_TASK INSTRUCTIONS_
Omit every picture, then give all the entries again exactly.

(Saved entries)
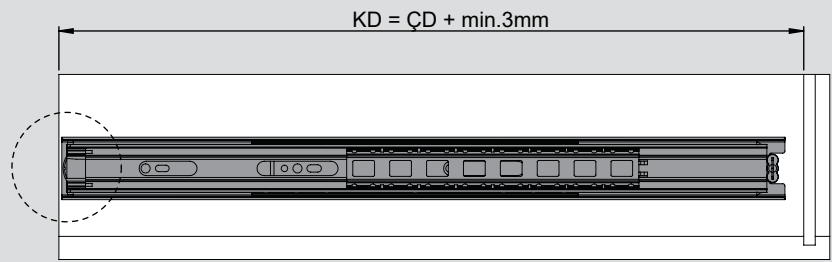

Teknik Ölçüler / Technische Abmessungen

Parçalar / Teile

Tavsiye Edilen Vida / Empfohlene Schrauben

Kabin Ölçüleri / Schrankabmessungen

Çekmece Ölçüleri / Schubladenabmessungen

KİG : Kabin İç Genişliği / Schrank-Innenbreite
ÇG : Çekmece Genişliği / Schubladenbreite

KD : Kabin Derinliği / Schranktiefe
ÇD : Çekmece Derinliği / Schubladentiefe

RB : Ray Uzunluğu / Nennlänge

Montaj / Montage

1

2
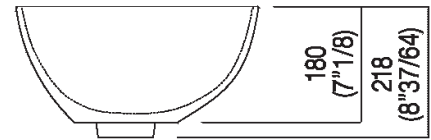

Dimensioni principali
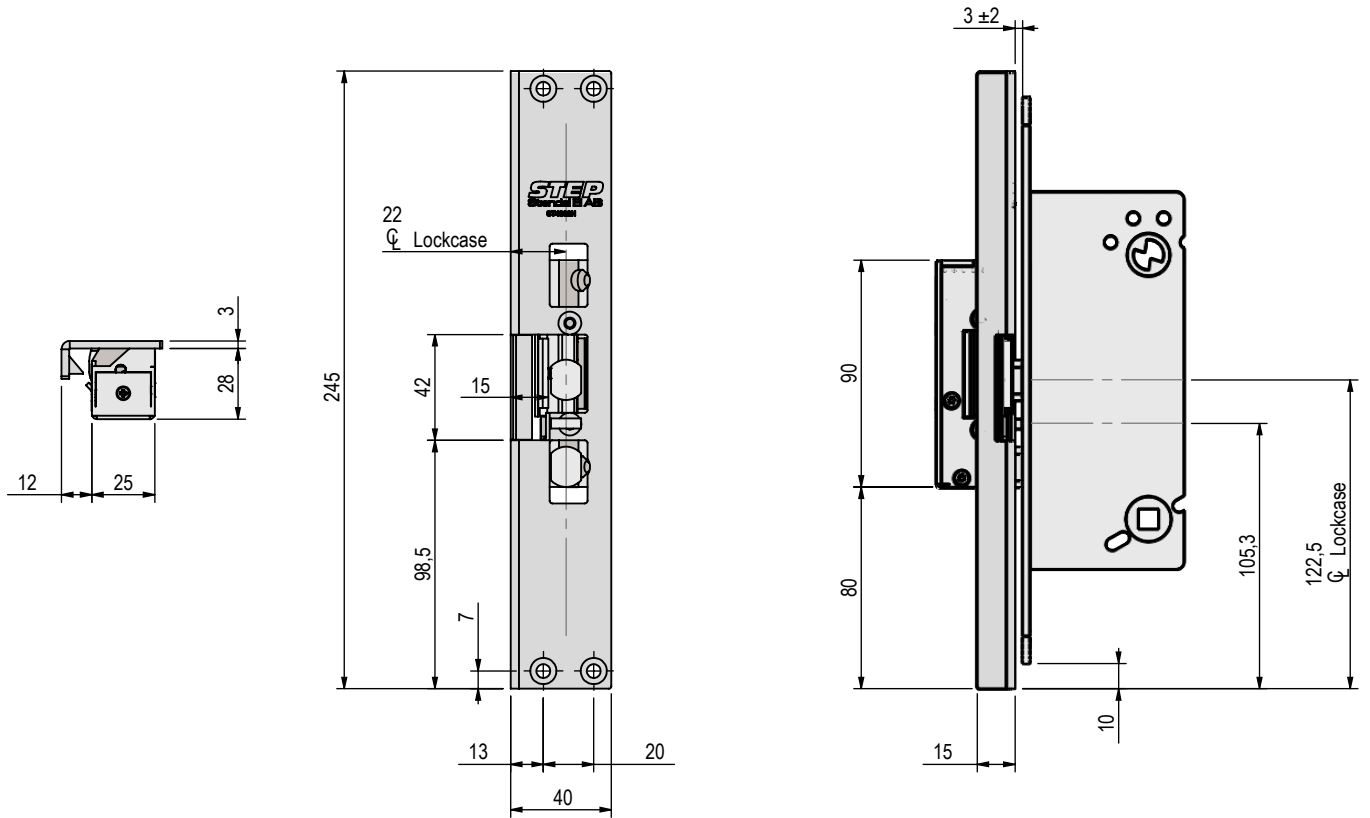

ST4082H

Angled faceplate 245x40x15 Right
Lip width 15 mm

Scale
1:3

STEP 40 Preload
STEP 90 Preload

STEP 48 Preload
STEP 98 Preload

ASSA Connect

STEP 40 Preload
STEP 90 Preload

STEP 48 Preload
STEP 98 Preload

_REPLY TO THE TASK_
Teknik Ölçüler / Technische Abmessungen

Parçalar / Teile

Tavsiye Edilen Vida / Empfohlene Schrauben

Kabin Ölçüleri / Schrankabmessungen

Çekmece Ölçüleri / Schubladenabmessungen

KİG : Kabin İç Genişliği / Schrank-Innenbreite
ÇG : Çekmece Genişliği / Schubladenbreite

KD : Kabin Derinliği / Schranktiefe
ÇD : Çekmece Derinliği / Schubladentiefe

RB : Ray Uzunluğu / Nennlänge

Montaj / Montage

1

2

Dimensioni principali

ST4082H

Angled faceplate 245x40x15 Right
Lip width 15 mm

Scale
1:3

STEP 40 Preload
STEP 90 Preload

STEP 48 Preload
STEP 98 Preload

ASSA Connect

STEP 40 Preload
STEP 90 Preload

STEP 48 Preload
STEP 98 Preload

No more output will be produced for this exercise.